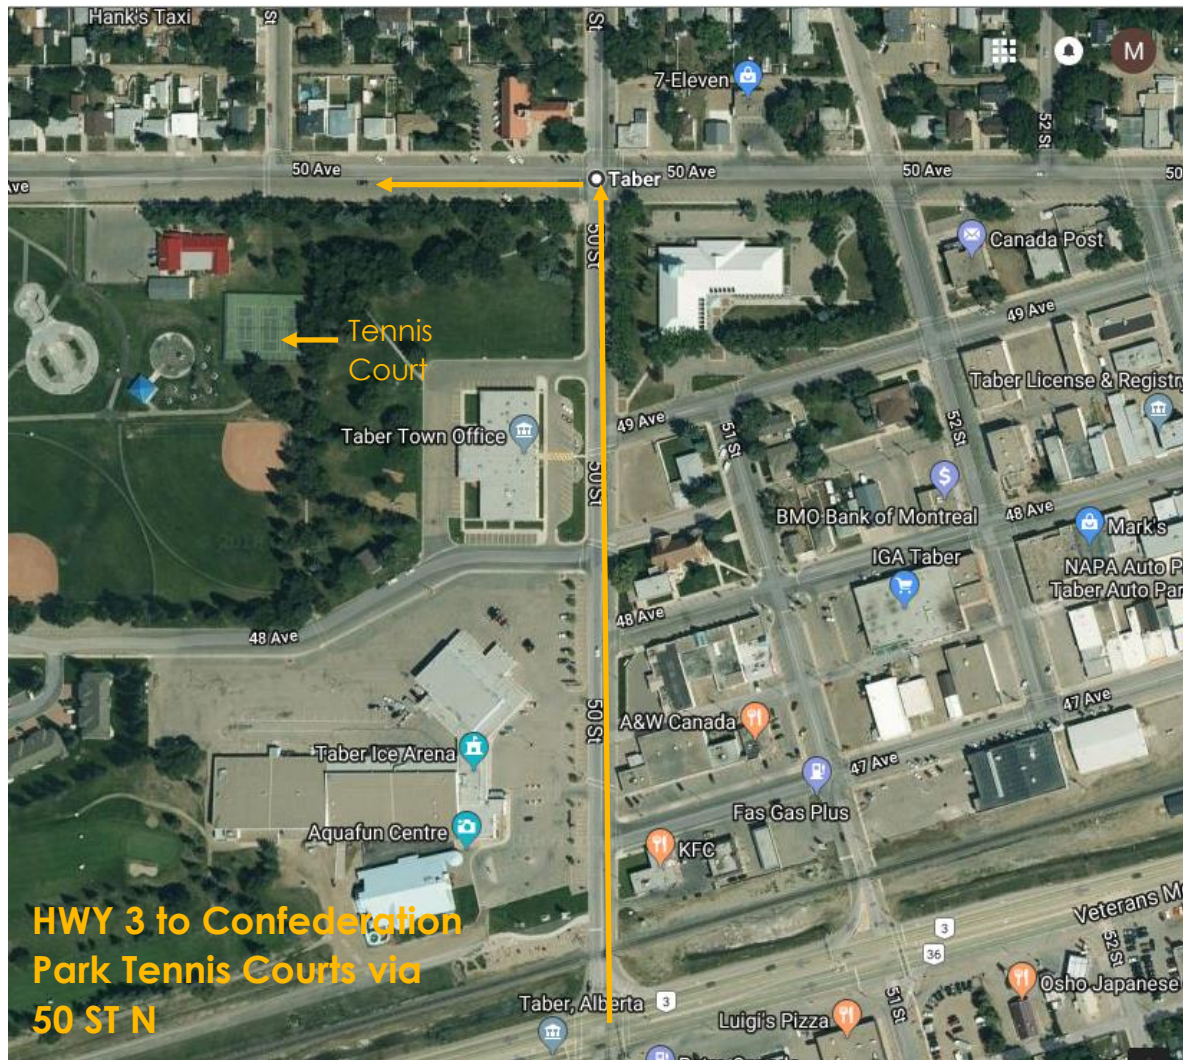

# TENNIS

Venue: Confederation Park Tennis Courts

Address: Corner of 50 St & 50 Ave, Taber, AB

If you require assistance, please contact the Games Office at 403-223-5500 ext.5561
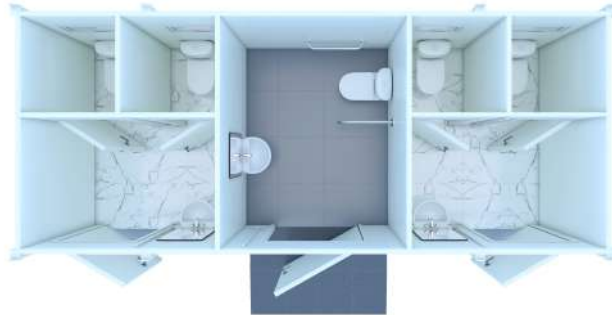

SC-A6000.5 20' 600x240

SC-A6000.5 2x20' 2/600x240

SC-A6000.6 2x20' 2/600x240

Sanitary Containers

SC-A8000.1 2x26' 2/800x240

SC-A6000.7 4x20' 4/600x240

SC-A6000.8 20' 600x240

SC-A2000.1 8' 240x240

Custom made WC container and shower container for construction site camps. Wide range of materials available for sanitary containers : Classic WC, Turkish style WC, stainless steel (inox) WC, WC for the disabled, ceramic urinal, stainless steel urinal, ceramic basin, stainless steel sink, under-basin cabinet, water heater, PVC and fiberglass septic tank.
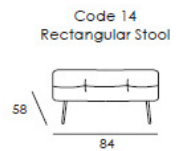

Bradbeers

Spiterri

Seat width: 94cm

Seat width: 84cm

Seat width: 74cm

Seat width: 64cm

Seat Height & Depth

---

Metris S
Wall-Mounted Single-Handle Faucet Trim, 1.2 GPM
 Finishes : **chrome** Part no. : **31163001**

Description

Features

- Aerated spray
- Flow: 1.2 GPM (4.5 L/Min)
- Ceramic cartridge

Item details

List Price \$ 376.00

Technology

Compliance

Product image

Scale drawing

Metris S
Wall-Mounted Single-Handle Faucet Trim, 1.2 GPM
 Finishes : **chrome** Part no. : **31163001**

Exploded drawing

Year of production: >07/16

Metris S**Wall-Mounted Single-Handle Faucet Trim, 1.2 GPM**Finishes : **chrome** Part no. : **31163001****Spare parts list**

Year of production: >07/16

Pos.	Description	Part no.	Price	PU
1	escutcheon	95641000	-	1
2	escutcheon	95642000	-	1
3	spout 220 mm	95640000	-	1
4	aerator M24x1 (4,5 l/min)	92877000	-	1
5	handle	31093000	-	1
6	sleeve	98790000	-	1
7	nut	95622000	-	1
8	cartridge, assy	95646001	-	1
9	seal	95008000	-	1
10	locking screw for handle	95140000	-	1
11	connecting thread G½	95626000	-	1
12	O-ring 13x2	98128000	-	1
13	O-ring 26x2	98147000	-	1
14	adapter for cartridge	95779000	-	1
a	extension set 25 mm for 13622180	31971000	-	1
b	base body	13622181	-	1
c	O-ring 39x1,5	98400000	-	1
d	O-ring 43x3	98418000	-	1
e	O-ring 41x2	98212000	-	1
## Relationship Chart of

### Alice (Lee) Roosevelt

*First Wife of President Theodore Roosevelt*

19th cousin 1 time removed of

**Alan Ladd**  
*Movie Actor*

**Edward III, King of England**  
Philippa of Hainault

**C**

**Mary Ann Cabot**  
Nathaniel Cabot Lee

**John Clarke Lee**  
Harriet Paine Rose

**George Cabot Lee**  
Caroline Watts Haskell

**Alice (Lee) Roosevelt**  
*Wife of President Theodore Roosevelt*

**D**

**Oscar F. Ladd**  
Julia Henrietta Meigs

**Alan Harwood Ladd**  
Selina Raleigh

...

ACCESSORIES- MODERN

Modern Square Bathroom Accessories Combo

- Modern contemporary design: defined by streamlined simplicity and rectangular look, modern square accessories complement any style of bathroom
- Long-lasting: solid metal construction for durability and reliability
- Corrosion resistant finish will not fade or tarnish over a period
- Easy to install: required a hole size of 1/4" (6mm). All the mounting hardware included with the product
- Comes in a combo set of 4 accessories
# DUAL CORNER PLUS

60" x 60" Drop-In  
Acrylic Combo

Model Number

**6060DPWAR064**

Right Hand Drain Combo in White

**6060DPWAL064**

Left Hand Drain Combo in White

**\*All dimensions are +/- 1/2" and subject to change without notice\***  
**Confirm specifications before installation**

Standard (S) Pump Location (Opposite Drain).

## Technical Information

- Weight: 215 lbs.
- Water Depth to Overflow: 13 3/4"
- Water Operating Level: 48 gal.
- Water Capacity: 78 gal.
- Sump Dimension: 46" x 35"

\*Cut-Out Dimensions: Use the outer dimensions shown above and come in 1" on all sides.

## WHAT THIS TASK INVOLVES
Starting at the line that contains "Right Hand Drain Combo in White" and stopping after the line that contains "on all sides.", write out every line exactly as it appears above, and no other line.

## TASK RESULT
Right Hand Drain Combo in White

**6060DPWAL064**

Left Hand Drain Combo in White

**\*All dimensions are +/- 1/2" and subject to change without notice\***  
**Confirm specifications before installation**

Standard (S) Pump Location (Opposite Drain).

## Technical Information

- Weight: 215 lbs.
- Water Depth to Overflow: 13 3/4"
- Water Operating Level: 48 gal.
- Water Capacity: 78 gal.
- Sump Dimension: 46" x 35"

\*Cut-Out Dimensions: Use the outer dimensions shown above and come in 1" on all sides.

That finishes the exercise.